Activity: Transcribe all data verbatim. Skip the pictures.

Supplied data:

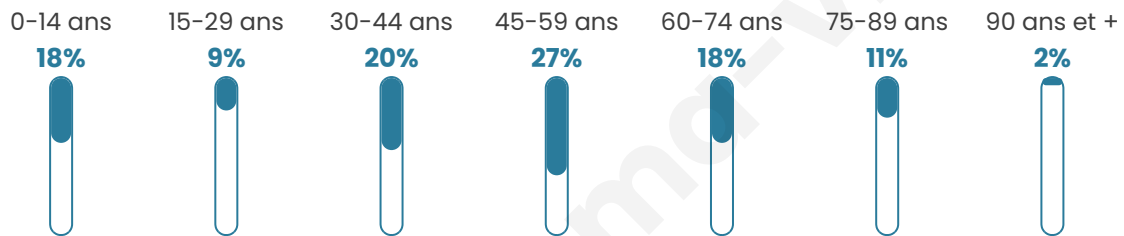

233

Age moyen

45 ans

Pop active

49.4%

Taux chômage

2.7%

Pop densité

23 h/km²

Revenu moyen

20 450 €/an

Evolution du nombre d'habitants

Sources : Institut national de la statistique et des études économiques (insee) selon Les dernières parutions officielles de 2024 portant sur les années 2020, 2021 et 2022.

Tranche d'âge

Activité professionnelle

Niveau de diplôme

Composition des ménages

Profils électoraux

Premier tour

	Marine LE PEN	25.81 %
	Emmanuel MACRON	24.52 %
	Jean LASSALLE	16.13 %
	Jean-Luc MÉLENCHON	13.55 %
	Éric ZEMMOUR	5.16 %
	Valérie PÉCRESSÉ	5.16 %
	Yannick JADOT	2.58 %
	Nicolas DUPONT-AIGNAN	2.58 %
	Fabien ROUSSEL	1.94 %
	Philippe POUTOU	1.29 %
	Nathalie ARTHAUD	0.65 %
	Anne HIDALGO	0.65 %

216 inscrits

Participation : 73.15%

Votes blancs : 1.90%

Votes nuls : 0.00%

Second tour

	Emmanuel MACRON	53,03 %
	Marine LE PEN	46,97 %

216 inscrits

Participation : 70.83%
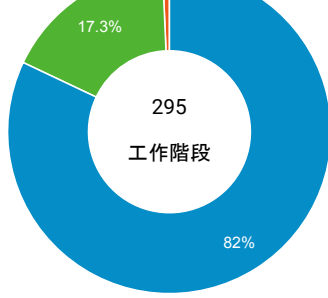

desktop mobile tablet

造訪地圖

造訪 (依瀏覽器分組)

造訪和新造訪率 (依行動裝置資訊分組)

造訪 (依語言分組)

語言 工作階段

zh-tw	238
en-us	34
zh-cn	7
zh-hk	5
en	3
en-gb	3
c	2
en-au	2
ko-kr	1
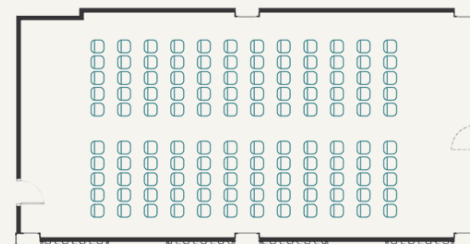

Salón Aneto

112 m2 de superficie y capacidad máxima para 120 personas; cuenta con sistema de domótica regulable.

Equipamiento: pantalla, atril, proyector, micrófono, equipo de audio y flip chart.

M²	CÓCTEL	BANQUETE	TEATRO	ESCUELA
112	110	60	120	80

[SOLICITA PRESUPUESTO](#)

TEATRO
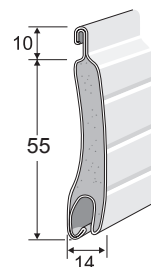

### KASSETTSTORLEKAR VID OLIKA BREDDER/HÖJDER

Kassettstorlek <sup>1</sup> Djup x höjd, mm	Max jalousihöjd inkl kassett, mm
205x205	1 800
254x254	2 700
300x300	4 000

<sup>1</sup> Max jalousibredd 6 000 mm.

### DIMENSIONER OCH BENÄMNINGAR

Lamellprofil H55 E

Styrskena HSF och H-STF
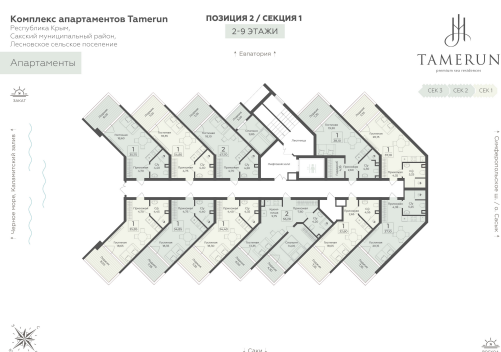

<https://www.rzv.ru/choice-flat/flat-6906240/>

г. Саки, Саки, ул. Набережная / ш.

Симферопольское

№ апартаментов: 336

Этаж: 3

Площадь: 35.75 кв. м.

Стоимость м2: 330 240

Стоимость: 11 806 080

Действительно на: 26.06.2026

Расположение на этаже

Расположение на генплане
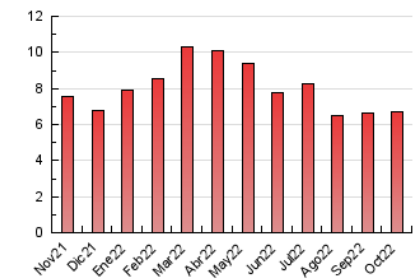

Pàgines (x 1000)
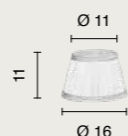

paralume
lampshade

TC.3535D16
METEL: OTC0040

TC.3530D16
METEL: OTC0037
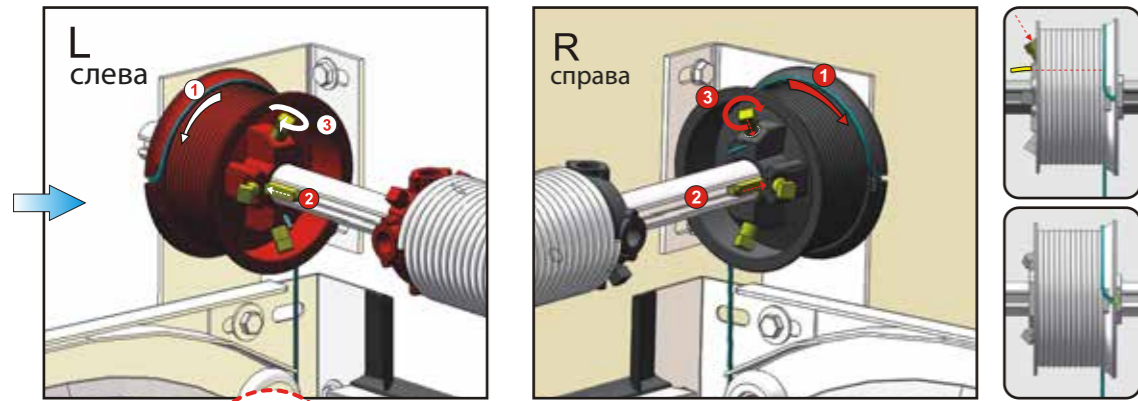

RDOC-MI-PAV-TLP-LHR-FM-01-RU

Секционные ворота
Заводской номер
Номер заказа
Обороты пружин **XX**
Дата производства

L – левая деталь, R – правая деталь
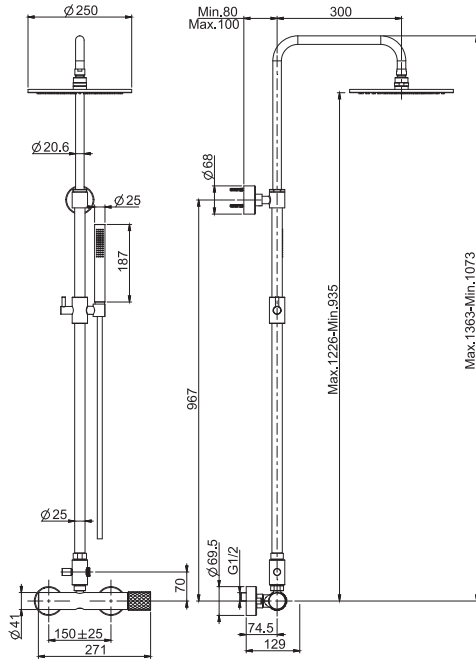

Смеситель для душа с душевой стойкой и, верхним душем и душевым комплектом

- регулируемая высота
- 2 подвода воды 1/2 с эксцентриком
- Ручной душ ABS с защитой от извести анти-кальк
- Верхний душ из латуни с защитой анти-кальк Ø 250 mm
- переключатель
- Гибкий шланг хромолюкс 1500 мм
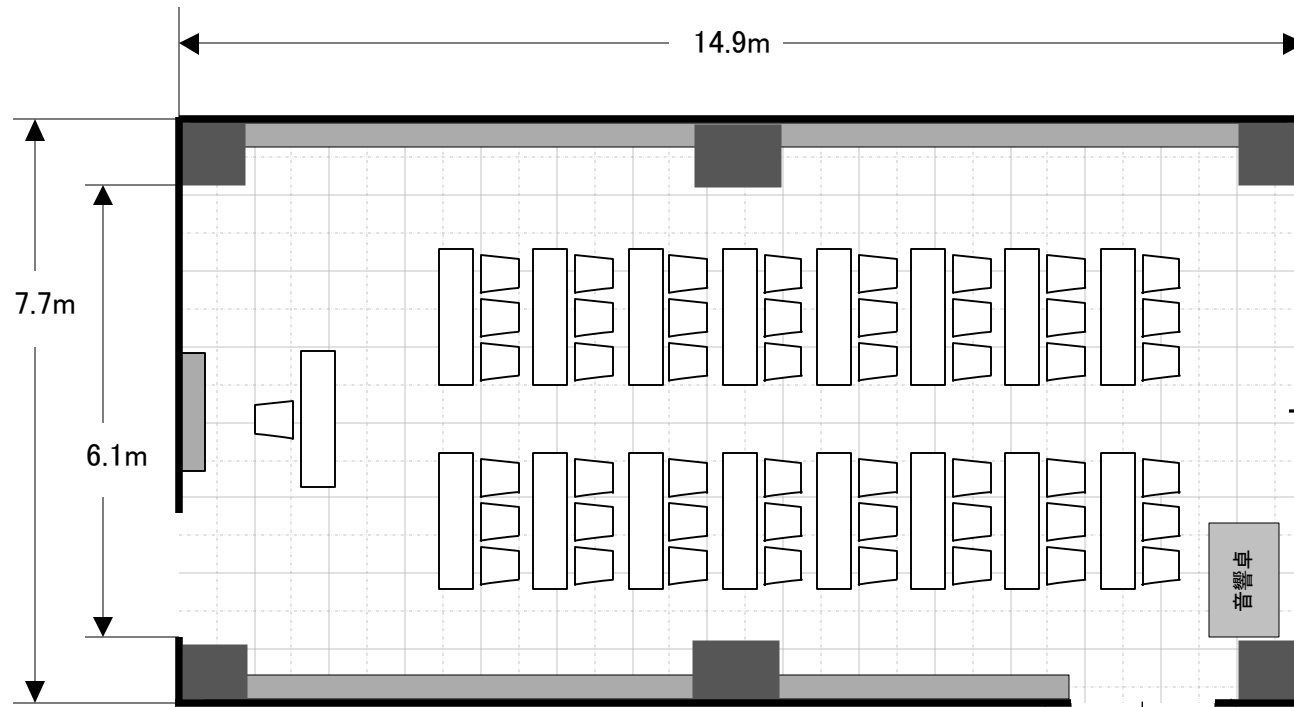

5階 ル・マノワール

90m²(27坪) 1/100

天井高

床

ロビー
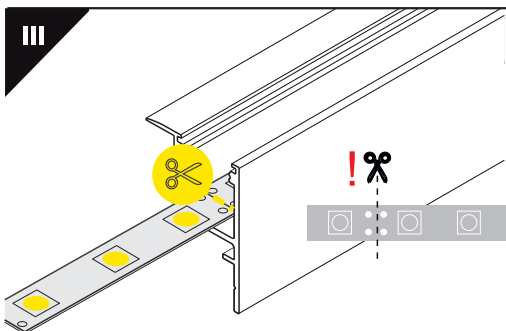

Dimensions of the space to install LED source. / Wymiary przestrzeni do zamontowania źródła LED.

VI

B slide cover / klosz B wsuwany

C click cover / klosz C klik

C click cover lens / klosz C klik soczewka

VII MOUNTING / MONTAŻ

mounting on plasterboard

montaż na płycie gipsowo-kartonowej

or
lub

mounting on concrete wall

montaż na betonowej ścianie

or
lub

VIII CONNECTORS / ŁĄCZNIKI

Q 90 deg connector / łącznik Q 90 st

Every connector is installed similarly to Q 90 deg connector.

Każdy łącznik montowany jest analogicznie do łącznika Q 90 st.

Available Q connectors:

Dostępne łączniki Q:

1. Q 180 deg/st
2. Q 135 deg/st
3. Q 90 deg/st
4. Q 90 deg bent connector/łącznik Q 90 st gięty
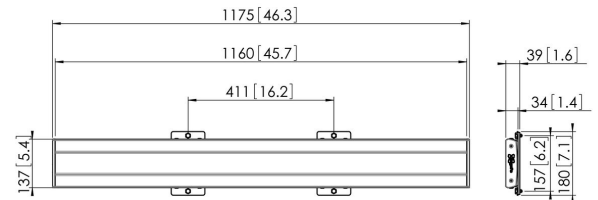

PFB 3411 B Display interface plaat (zwart)

De PFB 3411 interface plaat maakt deel uit van het modulaire Connect-it systeem, waarmee u uw eigen plafond-, vloer- of wandoplossing voor kleine tot extra grote displays kunt creëren.

PFB 3411 B Display interface plaat (zwart)

Specificaties

Artikelnummer (SKU)	7234110
Kleur	Zwart
EAN enkele doos	8712285329487
Breedte	1175
TÜV-gecertificeerd	Ja
Garantie	5 jaar
Max. hoogte van interface (mm)	180
Max. breedte van interface (mm)	1175
Fischer inbegrepen	Ja
Max. diepte interface (mm)	35
Max. horizontaal gatenpatroon (mm)	1110
Max. laadgewicht paal (kg)	160
Max. laadgewicht aan muur (kg)	106
Min. horizontaal gatenpatroon (mm)	100
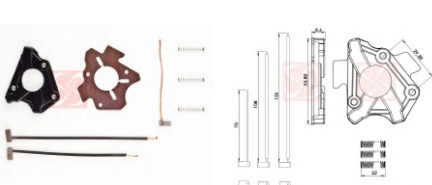

CODE	OEM	MOTOR TYPE	OEM N°
D-603-12V	DELCO-REMY		
MOTOR N°		BRUSHES DIMENSIONS	
		5,0 x 5,0 x 11,5	

APPLICATION

OBSERVAÇÕES Porta-escovas p/ limpador para-brisa dianteiro Arno **CHEVROLET-GM** D-20, MONZA, OPALA
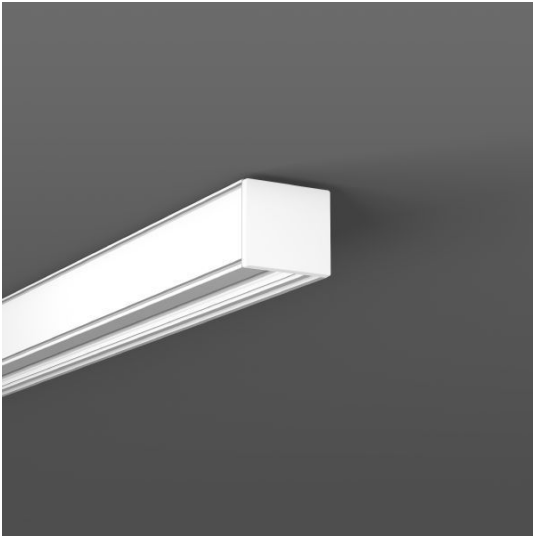

## Allround Abschlussstück weiss

CHF 4.00

---

Ausstattung	EIN/AUS
Farbe	weiss

---

Output of the exercise:
233

Age moyen

45 ans

Pop active

49.4%

Taux chômage

2.7%

Pop densité

23 h/km²

Revenu moyen

20 450 €/an

Evolution du nombre d'habitants

Sources : Institut national de la statistique et des études économiques (insee) selon Les dernières parutions officielles de 2024 portant sur les années 2020, 2021 et 2022.

Tranche d'âge

Activité professionnelle

Niveau de diplôme

Composition des ménages

Profils électoraux

Premier tour

	Marine LE PEN	25.81 %
	Emmanuel MACRON	24.52 %
	Jean LASSALLE	16.13 %
	Jean-Luc MÉLENCHON	13.55 %
	Éric ZEMMOUR	5.16 %
	Valérie PÉCRESSÉ	5.16 %
	Yannick JADOT	2.58 %
	Nicolas DUPONT-AIGNAN	2.58 %
	Fabien ROUSSEL	1.94 %
	Philippe POUTOU	1.29 %
	Nathalie ARTHAUD	0.65 %
	Anne HIDALGO	0.65 %

216 inscrits

Participation : 73.15%

Votes blancs : 1.90%

Votes nuls : 0.00%

Second tour

	Emmanuel MACRON	53,03 %
	Marine LE PEN	46,97 %

216 inscrits

Participation : 70.83%

desktop mobile tablet

造訪地圖

造訪 (依瀏覽器分組)

造訪和新造訪率 (依行動裝置資訊分組)

造訪 (依語言分組)

語言 工作階段

zh-tw	238
en-us	34
zh-cn	7
zh-hk	5
en	3
en-gb	3
c	2
en-au	2
ko-kr	1

Salón Aneto

112 m2 de superficie y capacidad máxima para 120 personas; cuenta con sistema de domótica regulable.

Equipamiento: pantalla, atril, proyector, micrófono, equipo de audio y flip chart.

M²	CÓCTEL	BANQUETE	TEATRO	ESCUELA
112	110	60	120	80

[SOLICITA PRESUPUESTO](#)

TEATRO

### KASSETTSTORLEKAR VID OLIKA BREDDER/HÖJDER

Kassettstorlek <sup>1</sup> Djup x höjd, mm	Max jalousihöjd inkl kassett, mm
205x205	1 800
254x254	2 700
300x300	4 000

<sup>1</sup> Max jalousibredd 6 000 mm.

### DIMENSIONER OCH BENÄMNINGAR

Lamellprofil H55 E

Styrskena HSF och H-STF

<https://www.rzv.ru/choice-flat/flat-6906240/>

г. Саки, Саки, ул. Набережная / ш.

Симферопольское

№ апартаментов: 336

Этаж: 3

Площадь: 35.75 кв. м.

Стоимость м2: 330 240

Стоимость: 11 806 080

Действительно на: 26.06.2026

Расположение на этаже

Расположение на генплане

Pàgines (x 1000)

paralume
lampshade

TC.3535D16
METEL: OTC0040

TC.3530D16
METEL: OTC0037

RDOC-MI-PAV-TLP-LHR-FM-01-RU

Секционные ворота
Заводской номер
Номер заказа
Обороты пружин **XX**
Дата производства

L – левая деталь, R – правая деталь

Смеситель для душа с душевой стойкой и, верхним душем и душевым комплектом

- регулируемая высота
- 2 подвода воды 1/2 с эксцентриком
- Ручной душ ABS с защитой от извести анти-кальк
- Верхний душ из латуни с защитой анти-кальк Ø 250 mm
- переключатель
- Гибкий шланг хромолюкс 1500 мм

5階 ル・マノワール

90m²(27坪) 1/100

天井高

床

ロビー

Dimensions of the space to install LED source. / Wymiary przestrzeni do zamontowania źródła LED.

VI

B slide cover / klosz B wsuwany

C click cover / klosz C klik

C click cover lens / klosz C klik soczewka

VII MOUNTING / MONTAŻ

mounting on plasterboard

montaż na płycie gipsowo-kartonowej

or
lub

mounting on concrete wall

montaż na betonowej ścianie

or
lub

VIII CONNECTORS / ŁĄCZNIKI

Q 90 deg connector / łącznik Q 90 st

Every connector is installed similarly to Q 90 deg connector.

Każdy łącznik montowany jest analogicznie do łącznika Q 90 st.

Available Q connectors:

Dostępne łączniki Q:

1. Q 180 deg/st
2. Q 135 deg/st
3. Q 90 deg/st
4. Q 90 deg bent connector/łącznik Q 90 st gięty

PFB 3411 B Display interface plaat (zwart)

De PFB 3411 interface plaat maakt deel uit van het modulaire Connect-it systeem, waarmee u uw eigen plafond-, vloer- of wandoplossing voor kleine tot extra grote displays kunt creëren.

PFB 3411 B Display interface plaat (zwart)

Specificaties

Artikelnummer (SKU)	7234110
Kleur	Zwart
EAN enkele doos	8712285329487
Breedte	1175
TÜV-gecertificeerd	Ja
Garantie	5 jaar
Max. hoogte van interface (mm)	180
Max. breedte van interface (mm)	1175
Fischer inbegrepen	Ja
Max. diepte interface (mm)	35
Max. horizontaal gatenpatroon (mm)	1110
Max. laadgewicht paal (kg)	160
Max. laadgewicht aan muur (kg)	106
Min. horizontaal gatenpatroon (mm)	100

CODE	OEM	MOTOR TYPE	OEM N°
D-603-12V	DELCO-REMY		
MOTOR N°		BRUSHES DIMENSIONS	
		5,0 x 5,0 x 11,5	

APPLICATION

OBSERVAÇÕES Porta-escovas p/ limpador para-brisa dianteiro Arno **CHEVROLET-GM** D-20, MONZA, OPALA

## Allround Abschlussstück weiss

CHF 4.00

---

Ausstattung	EIN/AUS
Farbe	weiss

---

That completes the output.